DIRECTIONS FOR THIS TASK: Transcribe all records below exactly, without images.

___ EXTRACTED DATA

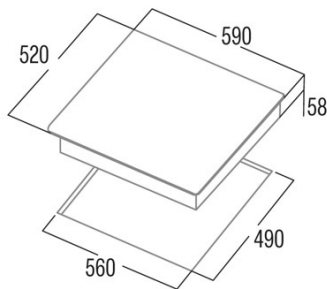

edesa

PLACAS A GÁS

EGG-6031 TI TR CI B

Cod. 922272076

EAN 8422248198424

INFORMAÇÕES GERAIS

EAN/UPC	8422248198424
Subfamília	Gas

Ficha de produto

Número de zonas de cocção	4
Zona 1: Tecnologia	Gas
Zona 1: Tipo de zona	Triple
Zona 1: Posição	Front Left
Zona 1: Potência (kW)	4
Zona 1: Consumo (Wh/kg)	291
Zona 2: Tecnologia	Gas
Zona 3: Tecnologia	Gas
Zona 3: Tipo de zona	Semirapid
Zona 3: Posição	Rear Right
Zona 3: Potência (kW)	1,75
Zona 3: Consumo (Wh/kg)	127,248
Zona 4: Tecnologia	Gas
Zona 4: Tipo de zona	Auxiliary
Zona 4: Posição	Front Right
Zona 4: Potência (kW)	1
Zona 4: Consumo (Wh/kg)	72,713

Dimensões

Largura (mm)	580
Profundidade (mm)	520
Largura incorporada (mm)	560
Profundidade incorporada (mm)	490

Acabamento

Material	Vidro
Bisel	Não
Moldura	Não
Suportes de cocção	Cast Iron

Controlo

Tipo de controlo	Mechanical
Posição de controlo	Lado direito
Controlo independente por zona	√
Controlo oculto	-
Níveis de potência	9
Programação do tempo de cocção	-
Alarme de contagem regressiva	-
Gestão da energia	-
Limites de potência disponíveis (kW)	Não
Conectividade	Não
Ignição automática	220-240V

______

SOLVED EXERCISE:
edesa

PLACAS A GÁS

EGG-6031 TI TR CI B

Cod. 922272076

EAN 8422248198424

INFORMAÇÕES GERAIS

EAN/UPC	8422248198424
Subfamília	Gas

Ficha de produto

Número de zonas de cocção	4
Zona 1: Tecnologia	Gas
Zona 1: Tipo de zona	Triple
Zona 1: Posição	Front Left
Zona 1: Potência (kW)	4
Zona 1: Consumo (Wh/kg)	291
Zona 2: Tecnologia	Gas
Zona 3: Tecnologia	Gas
Zona 3: Tipo de zona	Semirapid
Zona 3: Posição	Rear Right
Zona 3: Potência (kW)	1,75
Zona 3: Consumo (Wh/kg)	127,248
Zona 4: Tecnologia	Gas
Zona 4: Tipo de zona	Auxiliary
Zona 4: Posição	Front Right
Zona 4: Potência (kW)	1
Zona 4: Consumo (Wh/kg)	72,713

Dimensões

Largura (mm)	580
Profundidade (mm)	520
Largura incorporada (mm)	560
Profundidade incorporada (mm)	490

Acabamento

Material	Vidro
Bisel	Não
Moldura	Não
Suportes de cocção	Cast Iron

Controlo

Tipo de controlo	Mechanical
Posição de controlo	Lado direito
Controlo independente por zona	√
Controlo oculto	-
Níveis de potência	9
Programação do tempo de cocção	-
Alarme de contagem regressiva	-
Gestão da energia	-
Limites de potência disponíveis (kW)	Não
Conectividade	Não
Ignição automática	220-240V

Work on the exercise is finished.